DATA TO USE section start

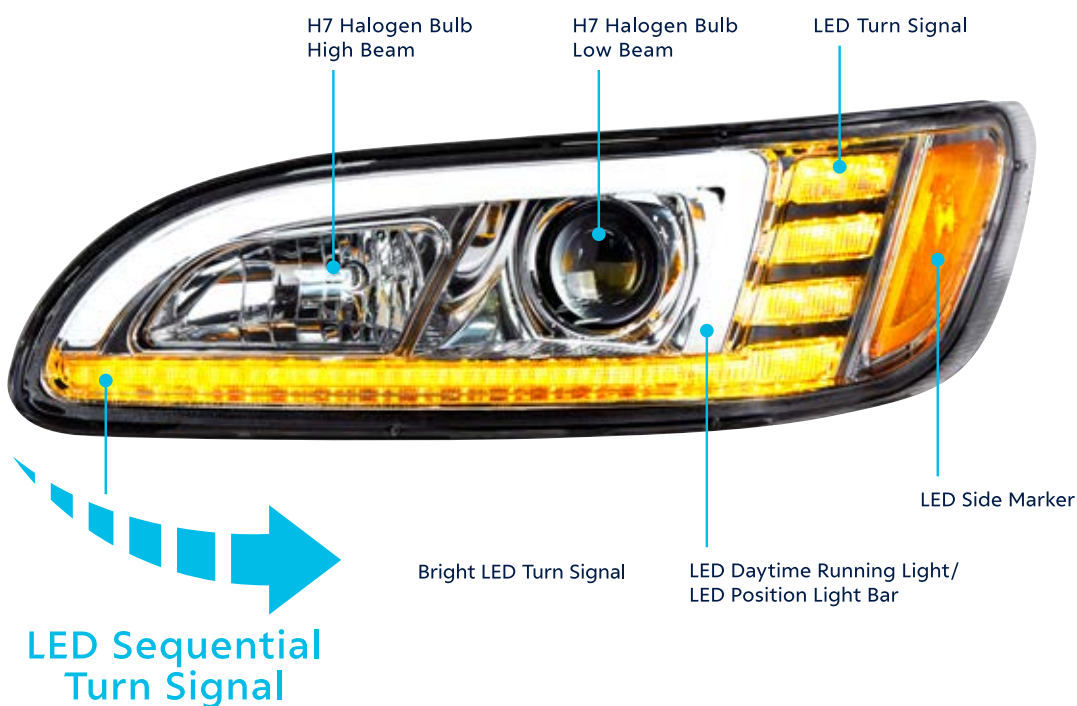

PETERBILT
HEADLIGHTS

2007-2018 Peterbilt 382, 2007-2014 384 & 2005-2015 386

Chrome Projection HL W/ LED Sequential Turn & DRL LT

- Quality semi-gloss black inner housing with projector type light
- Features 18 LED DRL/Position Light and 24 LED sequential turn signal
- Easy connection, plugs into existing wiring harness
- Low beam, H7 quartz halogen bulb, 12VDC, 55 watt, 4.58 amps
- High beam, H7 quartz halogen bulb, 12VDC, 55 watt, 4.58 amps
- DOT/SAE, FMVSS 108

Item Number	Description	Package	Pack
35765	Driver Side	Boxed	1 Pc./Box
35766	Passenger Side	Boxed	1 Pc./Box

2007-2018 Peterbilt 382, 2007-2014 384 & 2005-2015 386

Black Projection HL W/ LED Sequential Turn & DRL Light

- Quality semi-gloss black inner housing with projector type light
- Features 18 LED DRL/Position Light and 24 LED sequential turn signal
- Easy connection, plugs into existing wiring harness
- Low beam, H7 quartz halogen bulb, 12VDC, 55 watt, 4.58 amps
- High beam, H7 quartz halogen bulb, 12VDC, 55 watt, 4.58 amps
- DOT/SAE, FMVSS 108

Item Number	Description	Package	Pack
35767	Driver Side	Boxed	1 Pc./Box
35768	Passenger Side	Boxed	1 Pc./Box
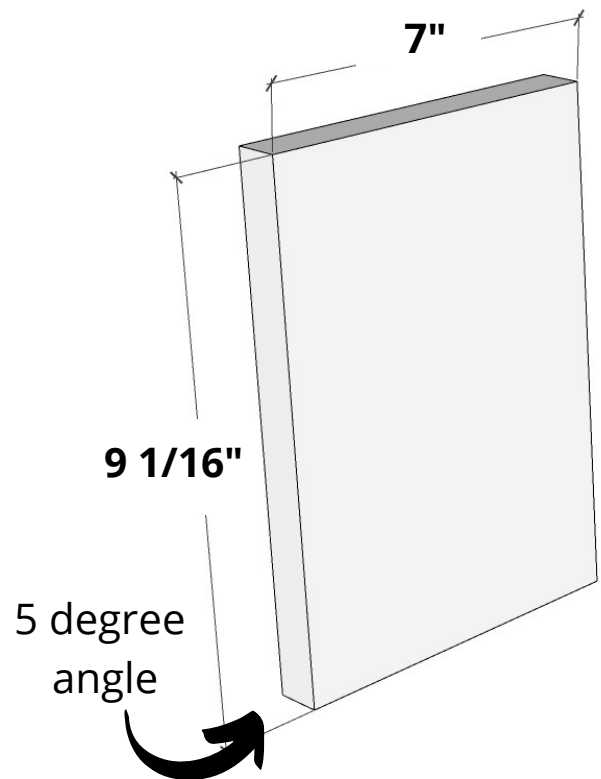

DESK CALENDAR & PENCIL HOLDER

Woodworking Plans

By: Making Manzanita

DESK CALENDAR & PENCIL HOLDER: VISUAL CUT LIST

SIDE PANEL - QTY 2

BOTTOM PANEL - QTY 1

BACK PANEL - QTY 1

FRONT PANEL - QTY 1

DATA TO USE section end

§ REQUIRED ACTION
Reproduce each line of the records exactly, and omit every picture.

§ SOLUTION TO THIS TASK
PETERBILT
HEADLIGHTS

2007-2018 Peterbilt 382, 2007-2014 384 & 2005-2015 386

Chrome Projection HL W/ LED Sequential Turn & DRL LT

- Quality semi-gloss black inner housing with projector type light
- Features 18 LED DRL/Position Light and 24 LED sequential turn signal
- Easy connection, plugs into existing wiring harness
- Low beam, H7 quartz halogen bulb, 12VDC, 55 watt, 4.58 amps
- High beam, H7 quartz halogen bulb, 12VDC, 55 watt, 4.58 amps
- DOT/SAE, FMVSS 108

Item Number	Description	Package	Pack
35765	Driver Side	Boxed	1 Pc./Box
35766	Passenger Side	Boxed	1 Pc./Box

2007-2018 Peterbilt 382, 2007-2014 384 & 2005-2015 386

Black Projection HL W/ LED Sequential Turn & DRL Light

- Quality semi-gloss black inner housing with projector type light
- Features 18 LED DRL/Position Light and 24 LED sequential turn signal
- Easy connection, plugs into existing wiring harness
- Low beam, H7 quartz halogen bulb, 12VDC, 55 watt, 4.58 amps
- High beam, H7 quartz halogen bulb, 12VDC, 55 watt, 4.58 amps
- DOT/SAE, FMVSS 108

Item Number	Description	Package	Pack
35767	Driver Side	Boxed	1 Pc./Box
35768	Passenger Side	Boxed	1 Pc./Box

DESK CALENDAR & PENCIL HOLDER

Woodworking Plans

By: Making Manzanita

DESK CALENDAR & PENCIL HOLDER: VISUAL CUT LIST

SIDE PANEL - QTY 2

BOTTOM PANEL - QTY 1

BACK PANEL - QTY 1

FRONT PANEL - QTY 1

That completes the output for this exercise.